▸ TASK BRIEF
In the entries below, how many lines hold the word "Schneiden"? Answer with the number only.
◇ ◇ ◇ ◇ ◇ ◇ ◇
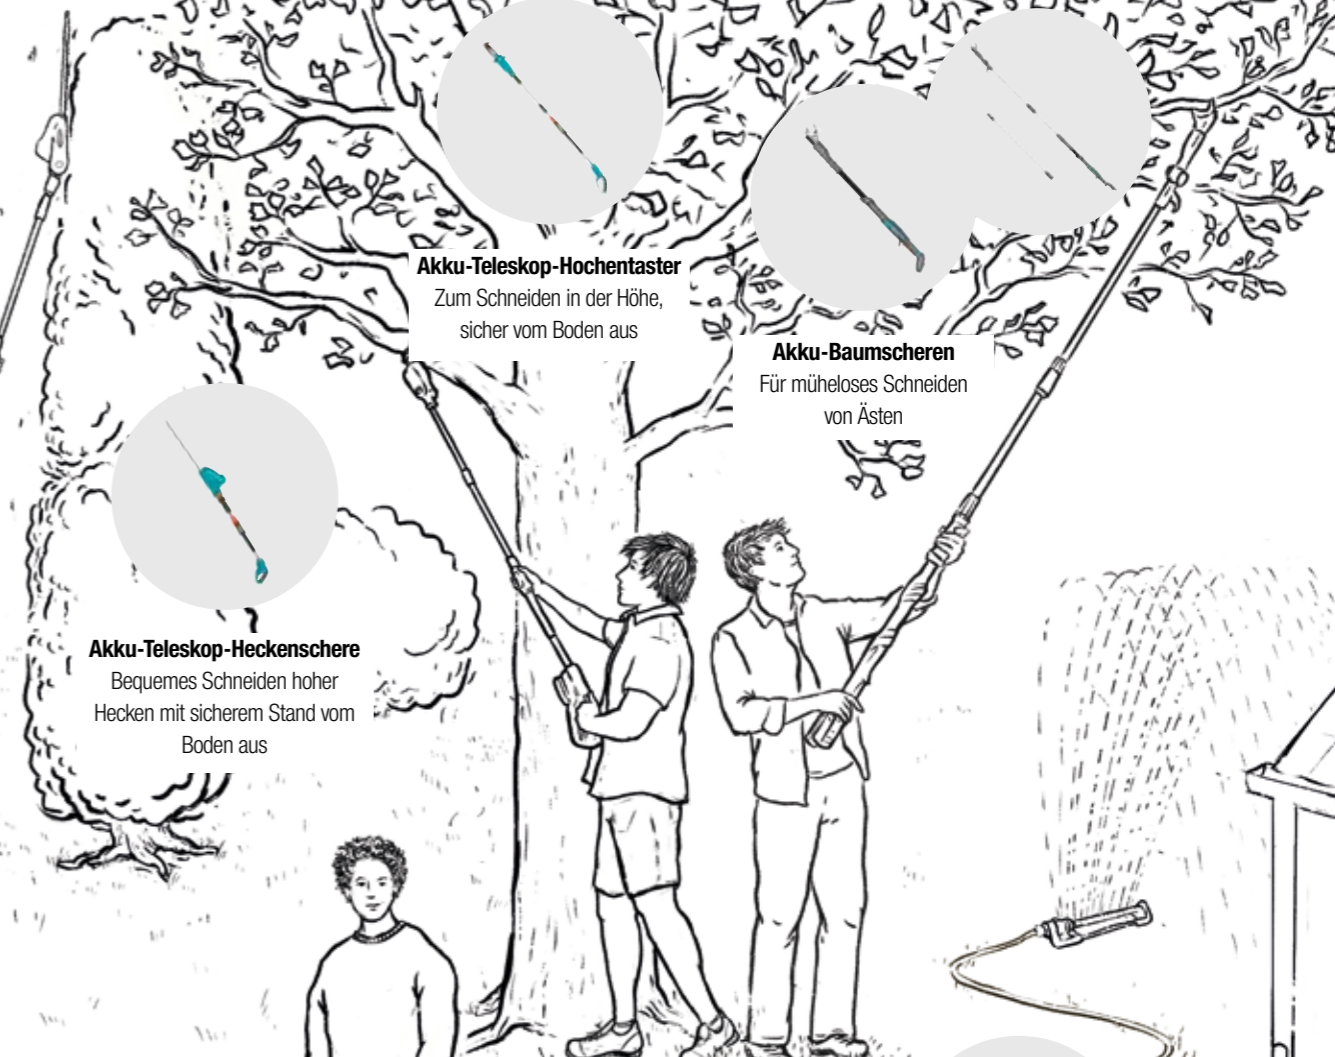

Akku-Mitteldruckreiniger
Für anfallende Reinigungsarbeiten
rund um Haus und Garten

Akku-Heckenschere
Komfortabel und leistungsstark
für kleine und mittelgroße
Hecken

Akku-Rasenmäher HandyMower
Leicht, kompakt und wendig – perfekt für kleine
Rasenflächen bis zu 50 m²

Akku-Teleskop-Heckenschere
Bequemes Schneiden hoher
Hecken mit sicherem Stand vom
Boden aus

Akku-Teleskop-Hochentaster
Zum Schneiden in der Höhe,
sicher vom Boden aus

Akku-Baumscheren
Für müheloses Schneiden
von Ästen
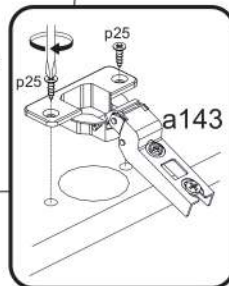

DENLO 2D2W1S

	MM				1*	
001	1564	361	16/32	1	2/3	
002	1564	361	16/32	1	2/3	
003	933	353	16/32	1	1/3	
004	933	353	16/32	1	1/3	
005	933	336	16	1	1/3	
006	462	630	16	2	3/3	
007	636	336	16	1	2/3	
008	617	336	16	1	2/3	
009	474	325	16	2	2/3	
010	876	120	16	1	2/3	
011	462	630	16	2	3/3	
013	933	60	16	1	2/3	
015	300	120	16	1	2/3	
016	300	120	16	1	2/3	
024	284	60	16	2	2/3	
025	999	365	16/32	1	1/3	
026	927	165	16	1	2/3	
032	653	491	2,5	2	3/3	
033	300	894	2,5	1	2/3	
034	201	982	2,5	1	1/3	
035	669	491	2,5	2	3/3	
Príslušenstvo/Kiegészítők /Pribor/Dodatki/ Příslušenství/Accessorii					1	1/3

<p>2x c44</p> 	<p>1x p17 Ø6x50</p> 	<p>6x e1 Ø7x50</p> 	<p>1x lb-300</p> 	<p>8x b8</p> 	<p>4x k1</p> 	<p>44x f1 Ø8x30</p> 	<p>38x p25 Ø3.5x16</p> 	<p>10x j1</p> 	<p>8x b119</p> 	<p>40x s4</p> 	<p>4x c12</p> 	<p>1x f3</p> 	<p>24x r1 15x12</p> 	<p>8x a143</p> 	<p>8x n260.01</p> 	<p>14x s2</p> 	<p>16x e23</p> 	<p>1x n14</p> 	<p>24x r16 Ø5x24</p> 	<p>16x d1</p> 	<p>35x l1</p> 	<p>1x z1</p> 	
---	---	--	--	--	--	--	---	--	--	---	--	--	---	--	---	---	--	---	--	---	---	--	--

3

r1	f1	d1
		
x4	x8	x8

4

a143	p25	c12	j1	c44	r16
					
x8	x16	x4	x10	x2	x2

5 e1
x2

6

7

8
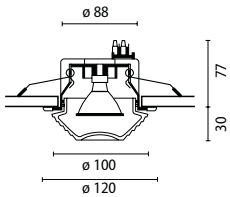

COSMO ADF

Halogen/Halogenlampen

GU5,3	1x50w	HRG	MT1	III	•	006080

IK04 0,5J xx3 IP20

GU5,3
1x50W
◇ ◇ ◇ ◇ ◇ ◇ ◇
▸ WRITTEN ANSWER
3